• Task objective: Write the entries out again exactly as they stand, but without the pictures.

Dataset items
------------------------------------------------------------------------

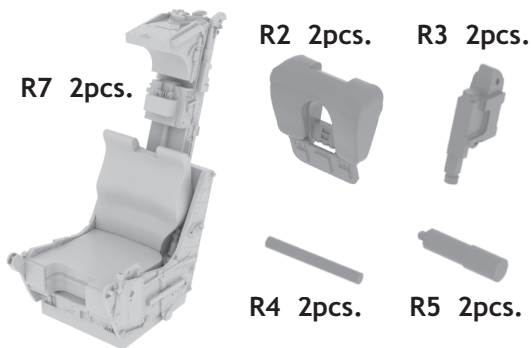

# 648 208 F-4C ejection seats

For Academy kit - pro stavebnici Academy

1/48 scale

## COLOURS

GSI Creos (GUNZE)			Mr.METAL COLOR	
AQUEOUS	Mr.COLOR			
H12	C33	FLAT BLACK		
H304	C304	OLIVE DRAB		
H329	C329	YELLOW		

This product contains metal and resin detail parts for upgrading scale plastic models. When selecting this set make sure that it is for the kit mentioned in product name as these sets are made specifically for that kit. When upgrading the model some cutting or corrections may be necessary for parts to fit accurately. **WARNING!** This set contains small and sharp parts. Work carefully in a ventilated and well-lit room. Safety glasses are recommended. This product is not suitable for children below 14 years of age.

Tento výrobek obsahuje leptané a odlévané detaily pro úpravu a vylepšení plastického modelu. Při výběru sady kovových detailů zkontrolujte, zda je určena pro model, který chcete upravit. Model, pro který je sada určena, je uveden u názvu výrobku. Pro přesnou aplikaci kovových a odlévaných dílů může být zapotřebí upravit díly upraveného modelu. **POZOR!** Sada obsahuje malé ostré díly. Pracujte ve větrané a dobře osvětlené místnosti. Doporučujeme použití ochranných brýlí. Tento výrobek není vhodný pro děti mladší 14 let.
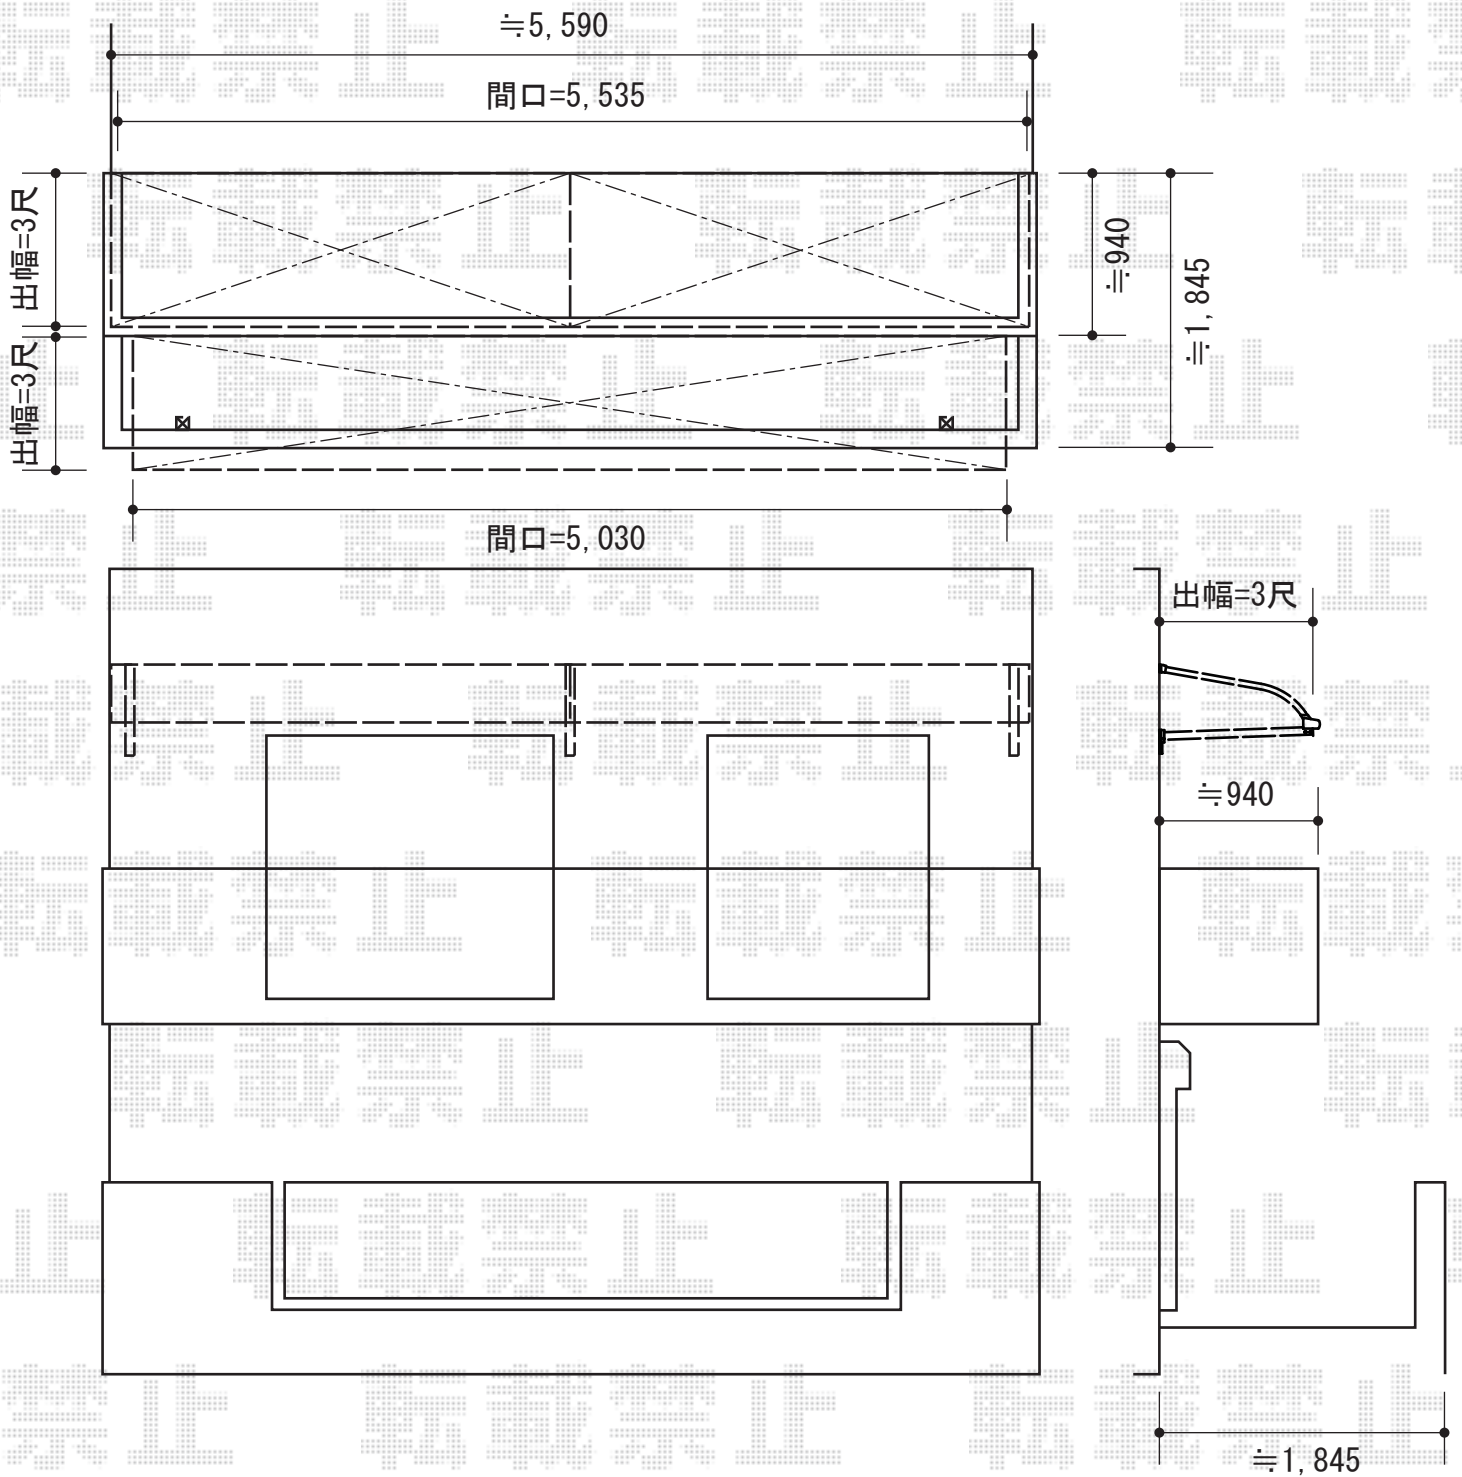

ライザーテラスII R型 ルーフタイプ 連棟 積雪～20cm対応

トステム ライザーテラスII R型 ルーフタイプ 連棟 積雪～20cm対応
 間口=関東間1.5+1.5間 (柱芯々5,480mm 屋根幅5,480mm)
 出幅=3尺 (870mm)
 色: オータムブラウン
 屋根材: ポリカーボネート (クリアマット/すりガラス調)
 柱仕様: 柱無し
 施工方法: 下止め仕様
 オプション: 側面ランマパネル
 オプション: 壁付け物干し 標準2本入り

現場状況や作図制限により概略図の内容と多少の違いが生じることがございます。
 施工時は、現場優先とさせて頂きたく思いますので、お立会い頂き、
 最終のご指示のほど、何卒、宜しくお願い致します。

EX-SHOP
[HTTP://WWW.EX-SHOP.NET](http://www.ex-shop.net)

担当: 小林

------------------------------------------------------------------------

• The completed task:
# 648 208 F-4C ejection seats

For Academy kit - pro stavebnici Academy

1/48 scale

## COLOURS

GSI Creos (GUNZE)			Mr.METAL COLOR	
AQUEOUS	Mr.COLOR			
H12	C33	FLAT BLACK		
H304	C304	OLIVE DRAB		
H329	C329	YELLOW		

This product contains metal and resin detail parts for upgrading scale plastic models. When selecting this set make sure that it is for the kit mentioned in product name as these sets are made specifically for that kit. When upgrading the model some cutting or corrections may be necessary for parts to fit accurately. **WARNING!** This set contains small and sharp parts. Work carefully in a ventilated and well-lit room. Safety glasses are recommended. This product is not suitable for children below 14 years of age.

Tento výrobek obsahuje leptané a odlévané detaily pro úpravu a vylepšení plastického modelu. Při výběru sady kovových detailů zkontrolujte, zda je určena pro model, který chcete upravit. Model, pro který je sada určena, je uveden u názvu výrobku. Pro přesnou aplikaci kovových a odlévaných dílů může být zapotřebí upravit díly upraveného modelu. **POZOR!** Sada obsahuje malé ostré díly. Pracujte ve větrané a dobře osvětlené místnosti. Doporučujeme použití ochranných brýlí. Tento výrobek není vhodný pro děti mladší 14 let.

ライザーテラスII R型 ルーフタイプ 連棟 積雪～20cm対応

トステム ライザーテラスII R型 ルーフタイプ 連棟 積雪～20cm対応
 間口=関東間1.5+1.5間 (柱芯々5,480mm 屋根幅5,480mm)
 出幅=3尺 (870mm)
 色: オータムブラウン
 屋根材: ポリカーボネート (クリアマット/すりガラス調)
 柱仕様: 柱無し
 施工方法: 下止め仕様
 オプション: 側面ランマパネル
 オプション: 壁付け物干し 標準2本入り

現場状況や作図制限により概略図の内容と多少の違いが生じることがございます。
 施工時は、現場優先とさせて頂きたく思いますので、お立会い頂き、
 最終のご指示のほど、何卒、宜しくお願い致します。

EX-SHOP
[HTTP://WWW.EX-SHOP.NET](http://www.ex-shop.net)

担当: 小林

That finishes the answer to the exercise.